→ **Task objective**
Copy every line of the following data that includes the string "Cena".

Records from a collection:
◇ ◇ ◇ ◇

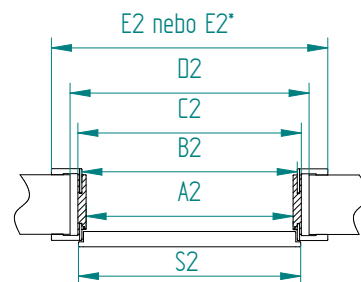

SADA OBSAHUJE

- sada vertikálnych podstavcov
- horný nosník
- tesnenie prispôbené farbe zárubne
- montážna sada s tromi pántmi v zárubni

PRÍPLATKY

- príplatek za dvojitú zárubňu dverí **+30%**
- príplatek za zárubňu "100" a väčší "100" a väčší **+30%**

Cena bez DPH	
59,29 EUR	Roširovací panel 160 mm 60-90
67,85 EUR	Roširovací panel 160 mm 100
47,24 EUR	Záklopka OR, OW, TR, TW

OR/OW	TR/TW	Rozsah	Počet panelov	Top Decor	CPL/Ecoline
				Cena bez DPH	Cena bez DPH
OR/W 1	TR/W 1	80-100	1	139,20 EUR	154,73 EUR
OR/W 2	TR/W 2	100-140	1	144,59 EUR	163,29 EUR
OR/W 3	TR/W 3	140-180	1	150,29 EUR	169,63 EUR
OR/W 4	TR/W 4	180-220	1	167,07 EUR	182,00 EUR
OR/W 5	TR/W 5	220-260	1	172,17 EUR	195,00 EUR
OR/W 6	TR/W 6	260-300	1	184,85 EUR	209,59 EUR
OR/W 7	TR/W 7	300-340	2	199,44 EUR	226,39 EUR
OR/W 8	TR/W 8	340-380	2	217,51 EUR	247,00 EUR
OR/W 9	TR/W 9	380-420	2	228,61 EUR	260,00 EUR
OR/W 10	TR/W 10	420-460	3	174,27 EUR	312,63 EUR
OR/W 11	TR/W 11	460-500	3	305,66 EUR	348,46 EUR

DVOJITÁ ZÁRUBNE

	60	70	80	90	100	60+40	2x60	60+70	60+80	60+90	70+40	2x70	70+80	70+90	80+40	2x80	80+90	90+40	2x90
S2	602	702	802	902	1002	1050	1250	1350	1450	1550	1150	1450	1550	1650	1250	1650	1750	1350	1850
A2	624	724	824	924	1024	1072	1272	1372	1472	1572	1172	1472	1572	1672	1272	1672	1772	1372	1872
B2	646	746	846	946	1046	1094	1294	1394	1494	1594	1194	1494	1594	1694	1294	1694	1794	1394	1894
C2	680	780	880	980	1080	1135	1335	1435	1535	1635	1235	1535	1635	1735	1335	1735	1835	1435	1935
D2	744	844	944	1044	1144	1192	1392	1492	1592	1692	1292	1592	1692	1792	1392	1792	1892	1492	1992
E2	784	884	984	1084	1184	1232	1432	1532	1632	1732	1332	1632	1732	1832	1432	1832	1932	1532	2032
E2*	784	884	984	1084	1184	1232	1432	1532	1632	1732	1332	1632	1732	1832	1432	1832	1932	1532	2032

◇ ◇ ◇ ◇

→ **Task answer**
Cena bez DPH	
				Cena bez DPH	Cena bez DPH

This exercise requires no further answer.